Daydream View is Google’s newly announced VR headset for Daydream VR: Here are the 6 things you NEED to know

Google announced its new VR project Daydream VR in May, but at the time nobody quite knew what Google was building – was it a platform, was it a headset? Turns out, Daydream VR is a little bit of both.

Built into every Android 7 Nougat smartphone of the right hardware configuration, Daydream VR is a simple app that unlocks the potential of VR on mobile. To complement its Daydream VR app, Google has designed and built a VR headset called Daydream View. Somewhat reminiscent of the Oculus Rift, Daydream View goes head-to-head with Samsung’s Gear VR mobile headset, except that this headset is built for any Android device.

Revealed at Google’s “MadeByGoogle” event, Daydream VR and Daydream View are still very much ongoing projects. Currently only the Google Pixel and Pixel XL are Daydream VR-capable, but here’s a quick rundown of everything we know about Google’s mobile VR plans and headset.

Daydream VR: 7 things you need to know

1. Daydream VR only works with Pixel phone right now, but more are on the way  

At the moment, Google’s latest flagship smartphones are the only devices capable of working with Daydream VR. It’s unclear exactly why, but it may explain why Google has gone all out with Pixel’s hardware specifications.

During Google’s MadeByGoogle event, no other phones were listed as supporting Daydream VR or Daydream View, although Google’s Clay Bavor stated that more devices are on the way.


2. Daydream VR has its own headset, Daydream View

After looking at the mobile VR headsets on the market, Google believed that there really wasn’t anything out there capable of realising Daydream VR’s potential. So, clearly, the only thing Google could really do was build its own headset – say hello to Daydream View.

Looking somewhat similar to an Oculus Rift thanks to its fabric-wrapped appearance, Daydream View draws upon some of the smart design cues of Cardboard – such as a flap at the front to snugly fit your phone into. It’s also 30% lighter than other headsets on the market, and has enough space for glasses wearers to enjoy VR content without having to take off their specs.

If you’re still fashion-conscious when you’ve got a device strapped to your face, you’ll be pleased to know Daydream View comes in three colours.
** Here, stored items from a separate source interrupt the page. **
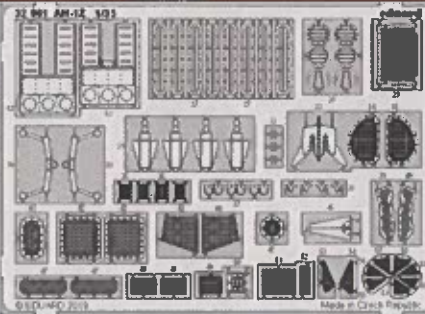

# AH-1Z seatbelts STEEL

detail set for ACADEMY 1/35 kit • sada detailů pro stavebnici ACADEMY 1/35

- APPLY EXPRESS MASK AND PAINT BEFORE GLUING  
POUŽIT EXPRESS MASK NABARVIT PŘED SLEPENÍM
  - SYMMETRICAL ASSEMBLY  
SYMETRICKÁ MONTÁŽ
  - REMOVE  
ODSTRANIT
  - GRIND  
OBROUSIT
  - DRILL HOLE  
VRTAT OTVOR
  - COLORED ETCHED PARTS  
LEPTANÉ BAREVNÉ DÍLY
  - ETCHED PARTS  
LEPTANÉ NEBAREVNÉ DÍLY
  - ORIGINAL KIT PARTS  
PŮVODNÍ DÍLY STAVEBNICE
- BEND  
OHNOUT
  - OPTION  
VOLBA
  - REPLACE  
NAHRADIT

ORIGINAL KIT PARTS  
PŮVODNÍ DÍLY STAVEBNICE

PHOTO-ETCHED PARTS  
LEPTANÉ DÍLY

PARTS TO BE REMOVED  
DÍLY K ODSTRANĚNÍ

FILL  
TMELIT

1.)

2.)

# AH-12

eduard

**32 961**

**1/35**

detail set for ACADEMY 1/35 kit • sada detailů pro stavebnici ACADEMY 1/35

- APPLY EXPRESS MASK AND PAINT BEFORE GLUING  
 POUŽIT EXPRESS MASK NABARVIT PŘED SLEPENÍM
  - SYMMETRICAL ASSEMBLY  
 SYMETRICKÁ MONTÁŽ
  - REMOVE  
 ODSTRANIT
  - GRIND  
 OBROUSIT
  - DRILL HOLE  
 VRTAT OTVOR
  - COLORED ETCHED PARTS  
 LEPTANÉ BAREVNÉ DÍLY
  - ETCHED PARTS  
 LEPTANÉ NEBAREVNÉ DÍLY
  - ORIGINAL KIT PARTS  
 PŮVODNÍ DÍLY STAVEBNICE
- BEND  
 OHNOUT
  - OPTION  
 VOLBA
  - REPLACE  
 NAHRADIT

ORIGINAL KIT PARTS  
 PŮVODNÍ DÍLY STAVEBNICE

PHOTO-ETCHED PARTS  
 LEPTANÉ DÍLY

PARTS TO BE REMOVED  
 DÍLY K ODSTRANĚNÍ

FILL  
 TMELIT

*front  
cockpit*

*rear  
cockpit*

D33  
2 pcs.

D11  
2 pcs.

Having worked with fashion designers, Google came to the conclusion that people want a Slate-coloured device first, with a “Snow” and “Crimson” device coming shortly after.


3. Daydream View is simple to use with no cables

One advantage of mobile VR over a dedicated VR headset such as the HTC Vive or Oculus Rift is how simple it is to use. Anyone who’s made use of a Gear VR or Google Cardboard will know that mobile VR isn’t as straightforward as you’d like, that’s where Daydream View comes in – it’s deliberately simple.
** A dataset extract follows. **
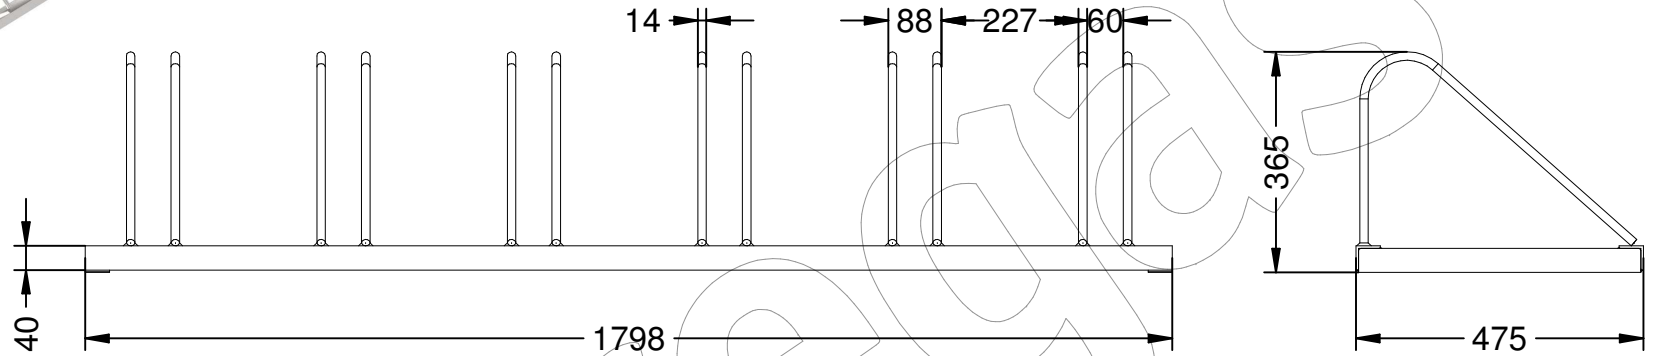

A-04

Aparca-bicicletas modelo Copenhaguen de tubo galvanizado para 6 unidades.

Revision: 01 - 06/03/2018

Slide your phone into the phone holder at the front of Daydream View and, once you close its flap, it automatically starts up Daydream VR. In that process, it also aligns the screen with your viewfinder and orients it within the space with the headset’s positional tracking.

Interaction in VR is also blissfully straightforward, using a wireless and intelligent remote control as standard.
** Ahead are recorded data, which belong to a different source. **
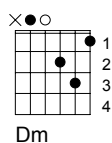

LE LOUP, LA BICHE ET LE CHEVALIER

Une chanson douce

C
Une chanson douce
Dm G7 C Dm Em Dm
Que me chantait ma maman
C
En suçant mon pouce
Dm G7 C Dm Gaug
J'écoutais en m'endormant

Cette chanson douce
Je veux la chanter pour toi
Car ta peau est douce
Comme la mousse des bois

Ab
La petite biche est aux abois
C
Dans le bois se cache le loup
E D Db C
Ouh ouh ouh ouh
Ab
Mais le brave chevalier passa
C
Il prit la biche dans ses bras
Bb7 A7 Ab7 G7
La la la la

La petite biche
Ce sera toi si tu veux
Le loup on s'en fiche
Contre lui nous serons deux

Une chanson douce
Que me chantait ma maman
Une chanson douce
Pour tous les petits enfants

O le joli conte que voilà
La biche en femme se changea
La la la la
Et dans les bras du beau chevalier
Belle princesse elle est restée
A tout jamais

4. Daydream View has an intelligent and precise remote control

Google’s small Daydream View remote control is packed with intelligent tech to help make interacting with Daydream VR simple. Google promises that the motion sensor on the Daydream View remote is so accurate that you “can draw with it”. While Google aren’t giving anything away with such a statement, it could be a clue that the Google-made Tilt Brush VR could make its way onto Daydream VR sometime in the future.

If you’re worried about losing your remote, don’t. Google has built a slick storage solution into the front flap of Daydream View, allowing you to slide your remote snugly into your headset when not in use.


5. Google has worked with developers to build smart apps

Mobile VR has so far had a worrying dearth of content. That’s why Google has jumped right in with developers to help make Daydream VR a viable entertainment platform. On stage, Google showed off a new Harry Potter experience built with WB Games, along with CCP’s EVE Gunjack 2 and educational experiences such as Starchart VR.

In terms of entertainment, Netflix, HBO and Hulu have all vied to bring their entire catalogue of films and TV shows to Daydream VR. Google is also bringing its own experiences to Daydream VR with Google Play Movies, YouTube, Street View and Photos working with your View headset.

Interestingly, the New York Times is also bringing its VR coverage to Daydream VR, meaning users can get up close to the news in a way that nobody could have previously imagined.


6. Daydream View, and Daydream VR launches this November

If you think most of this Daydream VR stuff sounds like science-fiction or pipe-dream-like VR experiences, you’d be wrong – it’s coming this November. In fact, Daydream View is going to be incredibly cheap, undercutting Samsung’s Gear VR by pricing itself at just £69 from Google Store, EE and Carphone Warehouse – granted, eager users will need a Pixel or Pixel XL to use it.